Work item:
Could you reproduce, exactly as written, every line from the one containing "### CARACTERÍSTICAS" through the last line of the records, and nothing else?

Extracted entries:
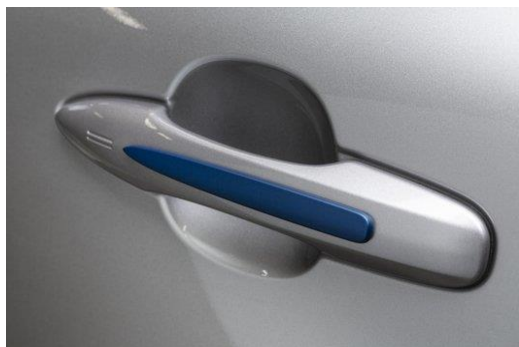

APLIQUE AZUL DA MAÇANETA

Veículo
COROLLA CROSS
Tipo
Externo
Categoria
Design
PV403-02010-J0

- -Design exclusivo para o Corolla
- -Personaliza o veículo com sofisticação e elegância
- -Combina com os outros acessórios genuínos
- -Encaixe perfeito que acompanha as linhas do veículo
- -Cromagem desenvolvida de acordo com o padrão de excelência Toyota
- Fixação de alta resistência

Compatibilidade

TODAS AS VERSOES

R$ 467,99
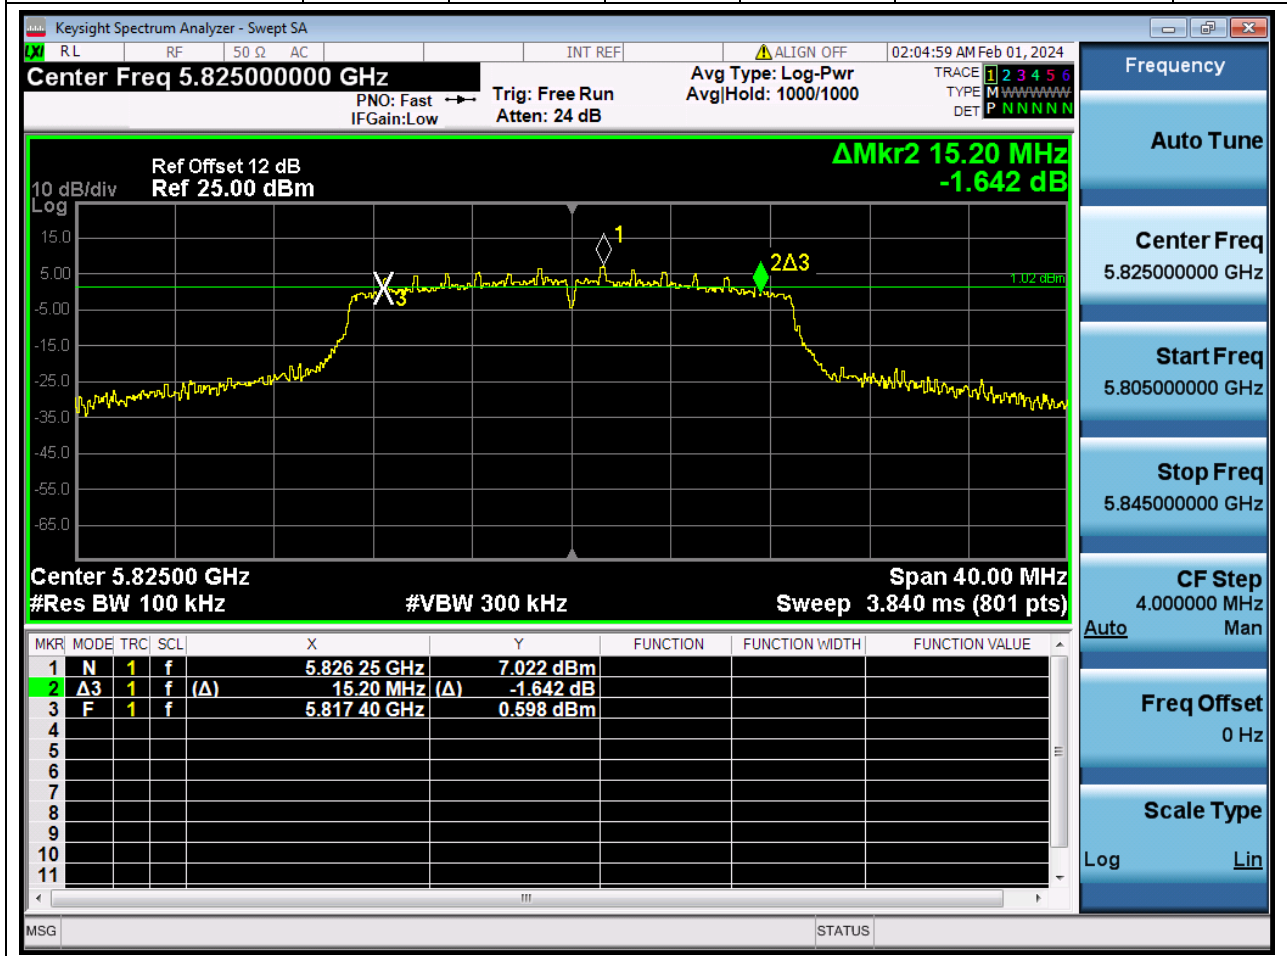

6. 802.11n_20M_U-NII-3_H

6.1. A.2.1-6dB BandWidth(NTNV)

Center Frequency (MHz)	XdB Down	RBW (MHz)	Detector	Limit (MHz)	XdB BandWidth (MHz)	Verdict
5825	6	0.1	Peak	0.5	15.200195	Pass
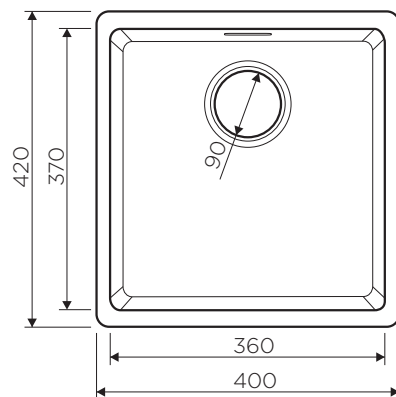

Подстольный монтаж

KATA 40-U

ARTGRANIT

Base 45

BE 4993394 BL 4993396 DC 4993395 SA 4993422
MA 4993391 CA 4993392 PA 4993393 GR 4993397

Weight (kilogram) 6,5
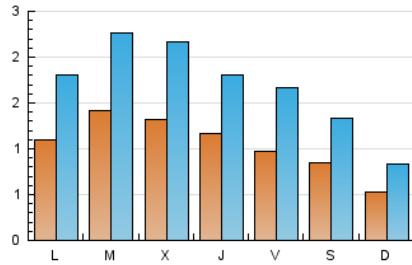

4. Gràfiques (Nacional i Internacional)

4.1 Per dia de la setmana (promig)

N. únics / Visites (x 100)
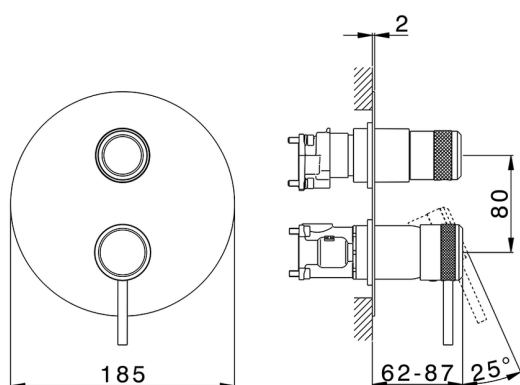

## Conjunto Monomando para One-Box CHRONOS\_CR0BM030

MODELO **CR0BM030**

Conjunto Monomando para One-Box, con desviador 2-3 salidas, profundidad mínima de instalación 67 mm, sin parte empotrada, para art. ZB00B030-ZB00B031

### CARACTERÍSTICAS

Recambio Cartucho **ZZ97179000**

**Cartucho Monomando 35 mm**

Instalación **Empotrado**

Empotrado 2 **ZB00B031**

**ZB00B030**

Reply:
### CARACTERÍSTICAS

Recambio Cartucho **ZZ97179000**

**Cartucho Monomando 35 mm**

Instalación **Empotrado**

Empotrado 2 **ZB00B031**

**ZB00B030**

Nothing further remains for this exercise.